Collected data
------------------------
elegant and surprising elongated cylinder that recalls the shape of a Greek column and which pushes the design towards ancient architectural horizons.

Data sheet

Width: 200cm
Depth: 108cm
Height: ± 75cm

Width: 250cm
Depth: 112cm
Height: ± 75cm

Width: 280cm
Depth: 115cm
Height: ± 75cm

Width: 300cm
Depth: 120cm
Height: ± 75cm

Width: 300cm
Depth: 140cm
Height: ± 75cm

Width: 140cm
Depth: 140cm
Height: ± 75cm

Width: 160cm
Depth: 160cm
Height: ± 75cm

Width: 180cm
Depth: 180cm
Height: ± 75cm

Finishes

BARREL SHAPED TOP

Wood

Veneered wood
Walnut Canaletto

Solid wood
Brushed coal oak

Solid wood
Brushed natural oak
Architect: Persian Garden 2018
------------------------
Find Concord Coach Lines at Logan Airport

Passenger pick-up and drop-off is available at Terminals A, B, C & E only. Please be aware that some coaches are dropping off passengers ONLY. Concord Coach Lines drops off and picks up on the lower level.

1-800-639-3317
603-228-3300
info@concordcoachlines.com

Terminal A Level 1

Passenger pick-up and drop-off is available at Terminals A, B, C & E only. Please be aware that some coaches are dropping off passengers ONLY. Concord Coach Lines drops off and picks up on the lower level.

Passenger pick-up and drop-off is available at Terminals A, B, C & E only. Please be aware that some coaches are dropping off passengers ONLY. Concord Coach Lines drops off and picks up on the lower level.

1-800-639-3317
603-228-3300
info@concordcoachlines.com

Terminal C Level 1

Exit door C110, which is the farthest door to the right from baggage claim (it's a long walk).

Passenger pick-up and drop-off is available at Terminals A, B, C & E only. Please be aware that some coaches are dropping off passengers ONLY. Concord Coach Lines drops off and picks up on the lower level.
------------------------
YOUR OBJECTIVE - Out of the data above, transcribe exactly and only the lines starting with the line that has "Depth: 108cm" and going on through the line that has "Architect: Persian Garden 2018", both included.

ANSWER FOR THIS EXERCISE -
Depth: 108cm
Height: ± 75cm

Width: 250cm
Depth: 112cm
Height: ± 75cm

Width: 280cm
Depth: 115cm
Height: ± 75cm

Width: 300cm
Depth: 120cm
Height: ± 75cm

Width: 300cm
Depth: 140cm
Height: ± 75cm

Width: 140cm
Depth: 140cm
Height: ± 75cm

Width: 160cm
Depth: 160cm
Height: ± 75cm

Width: 180cm
Depth: 180cm
Height: ± 75cm

Finishes

BARREL SHAPED TOP

Wood

Veneered wood
Walnut Canaletto

Solid wood
Brushed coal oak

Solid wood
Brushed natural oak
Architect: Persian Garden 2018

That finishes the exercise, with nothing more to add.